NHS FPX 4000 Assignment 3 Attempt 1 Analyzing a Current Health Care Problem or Issue Ethical Implications and Implementation

 

Successful implementation of a proposed solution such as computerized physician order entry (CPOE) is a challenging process for any healthcare organization. This requires a multidisciplinary team approach for the best outcome. In these cases, health care organizations might face an ethical dilemma at some stages. To best navigate these challenges, health care organizations need to follow four fundamentals of ethics-autonomy, beneficence, non-maleficence, and justice. 

Autonomy refers to the right to decide for themselves. CPOE enables providers to issue orders electronically. The COPE implementation will provide access to support providers and other clinicians in the ordering process and thus improve patient safety and quality of care. Not everyone is computer savvy.  Therefore, besides computer -related literacy, exploring end- user attitudes and expectations will help to understand the factors that influence adherence to new technology in health care (Nymberg, et.al.,2019). This can be assessed during clinical workshops and monthly meetings or by doing surveys.  

Beneficence and non-maleficence are closely related. These are often described as “Do what is best for the patient “or “Do not harm”.  The implementation of CPOE has reduced the rate of potential medication errors. This implementation supports coordination of clinical tasks among patient care teams, reduction of misinterpretation of orders, minimization of illegible orders, assistance with medication dosage calculations, and decision support using alerts like drug-drug interactions, drug allergy, and dosage suggestions (Abraham, et.al.,2018). Creating policies and protocols for verifying high alert medication is another implementation that the administration should place to avoid medication errors.  

Justice, the fourth ethical principle, means giving fair, equitable and appropriate treatment to each individual. Patient safety should be the topmost priority in the health care setting. Implementation of the CPOE system in the health care system provides appropriate treatment to patients because of its various safety levels with basic information to facilitate prescription such as maximum dose, predefined regimens, duplication, length of treatment, drug interactions, etc. 

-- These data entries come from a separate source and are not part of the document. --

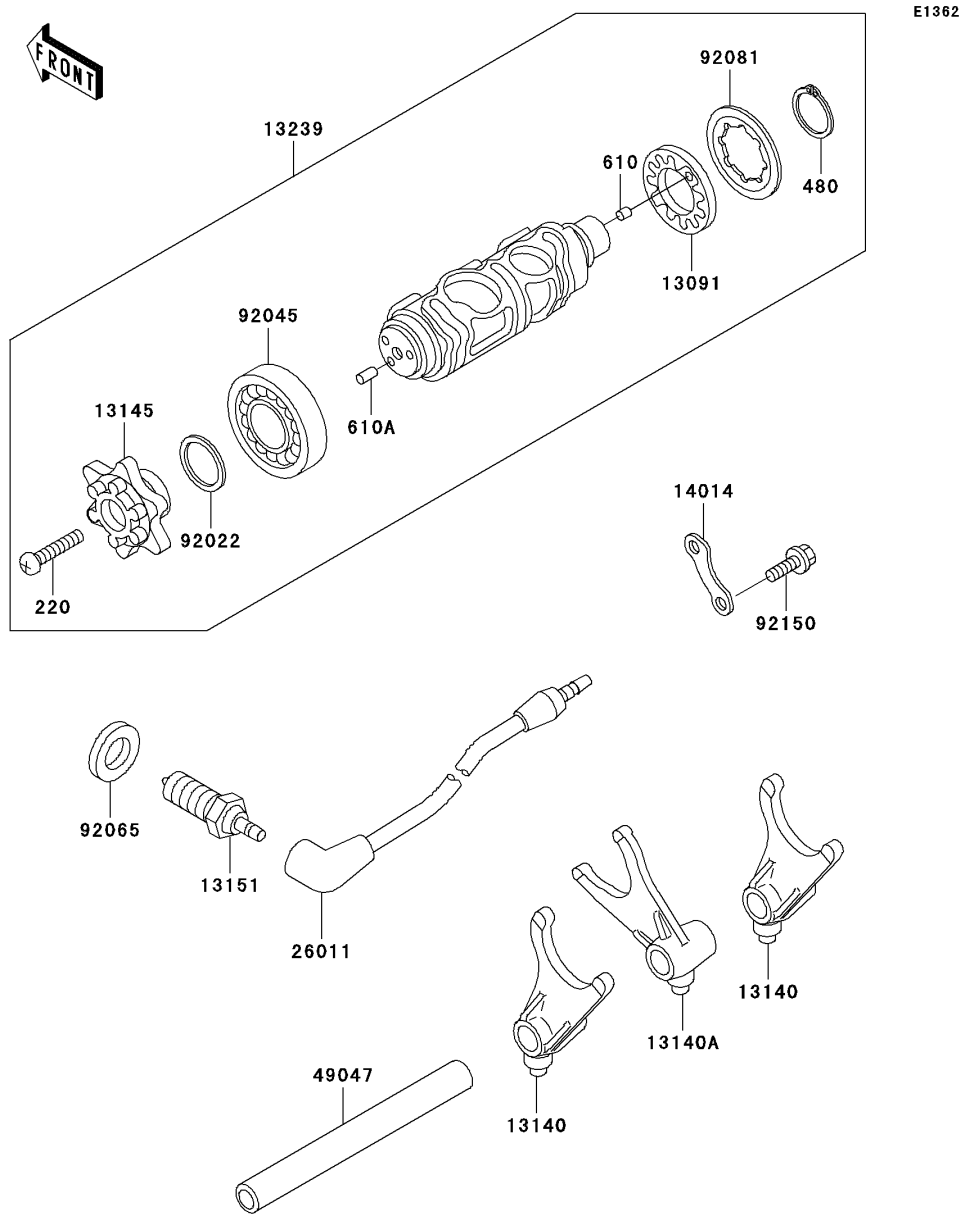

2006 Vulcan® 750 PARTS DIAGRAM

Gear Change Drum/Shift Fork(s)

2006 Vulcan® 750 PARTS LIST

Gear Change Drum/Shift Fork(s)

ITEM NAME	PART NUMBER	QUANTITY
SCREW-PAN-CROS,6X30 (Ref # 220)	220B0630	1
CIRCLIP-TYPE-C,22MM (Ref # 480)	480J2200	1
ROLLER,4X4 (Ref # 610)	610A0404	1
ROLLER,4X10 (Ref # 610A)	610A0410	1
HOLDER,CHANGE DRUM (Ref # 13091)	13091-1389	1
FORK-SHIFT (Ref # 13140)	13140-1126	1
FORK-SHIFT (Ref # 13140A)	13140-1138	1
CAM-CHANGE DRUM (Ref # 13145)	13145-1051	1
SWITCH-COMP (Ref # 13151)	13151-1085	1
DRUM-ASSY-CHANGE (Ref # 13239)	13239-1126	1
PLATE-POSITION (Ref # 14014)	14014-1014	1
WIRE-LEAD (Ref # 26011)	26011-1294	1
ROD-SHIFT (Ref # 49047)	49047-1059	1
WASHER,25.3X30X1 (Ref # 92022)	92022-161	1
BEARING-BALL,16005Z (Ref # 92045)	92045-1030	1
GASKET,10.5X16X1 (Ref # 92065)	92065-058	1
SPRING (Ref # 92081)	92081-1895	1
BOLT,6X12 (Ref # 92150)	92150-1868	1
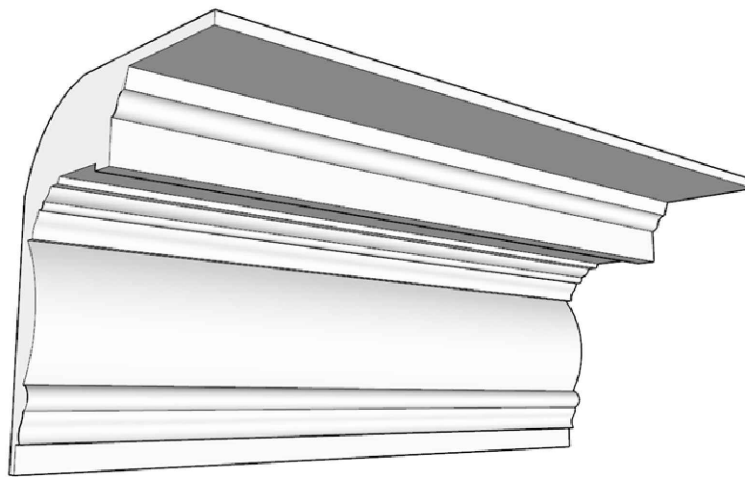

SCALE :4"=1'

SCALE :4"=1'

SCALE :4"=1'

ISOMETRIC

67 Steuben Street
 Brooklyn, NY 11205
 T: 718.534.7000
 F: 718.534.7040
 www.decocraftusa.com

Design Copyright © Decocraft USA Inc. 2010 All rights reserved

NAME:

CROWN

ITEM#

DC507-783

MATERIAL:

PLASTER

HEIGHT:

7 15/16"

PROJECTION:

7"

FACE:

N/A

REPEAT:

N/A

LENGTH:

96"
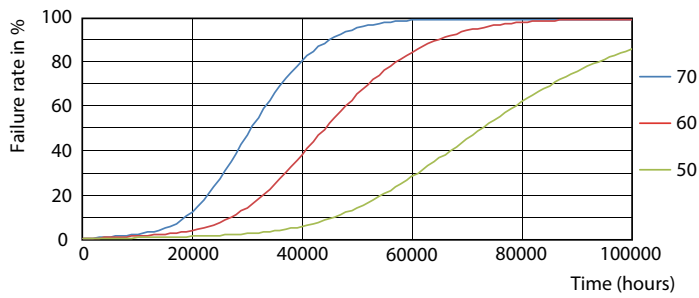

Photometric data

G13 4000K

Lifetime

G13 4000K

G13 4000K

G13 4000K

G13 4000K

T8

Lifetime

G13 4000K
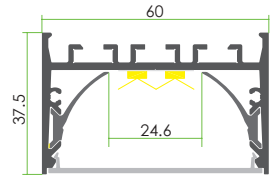

POWER LINE- L

Accessory

ITEM NO.: **LW-E60**

Aluminum Profile
Code: **E60**

Suspension Kits
Code: **Sus.KitsA**

Alum. Reflector
Code: **RF**

Metal Clip
Code: **MC-E50**

Aluminum Endcap
(without hole)
Code: **E60-Cap**

Aluminum Screwless Endcap
(without hole)
Code: **E60-Cap-N**

Aluminum diffuser
Code: **E60-AD**

Joiners 90°A
Code: **J-90A**

Joiners 180°A
Code: **J-180A**

Wall Clips
Code: **WClip**

Joiners 90°B
Code: **J-90B**

Joiners 180°B
Code: **J-180B**

Joiners 120°
Code: **J-120**

<57.6W/m

Optional Diffuser(PMMA)

D060 type					
Dimensions(mm)	Max strip width	Opal	Milky	Frosted	Clear
60*37.5	24.6mm	√	√	/	/
Code		D060-O	D060-M	/	/
Light Transmittance		69%	80%	/	/

Stocked length availability:2m,2.5m.Customized length below 6m upon your request.

www.ledwide.com

                          Conclusion 

In conclusion, a medication error is a prevalent issue in the healthcare system and it impacts patients of all ages irrespective of their diagnosis and age. Reading and analyzing multiple peer- reviewed articles and journals provided me with factual and credible supportive statements for this research paper. Some factors that contribute to medication errors are a transcription error, look alike, and sound alike medication. A potential solution to resolve this issue includes nurse continuation education, verification of high alert mediation with another registered nurse, and introduction of standardized order entry such as CPOE. Successful implementation of these potential solutions would likely improve patient safety in regard to medication error. 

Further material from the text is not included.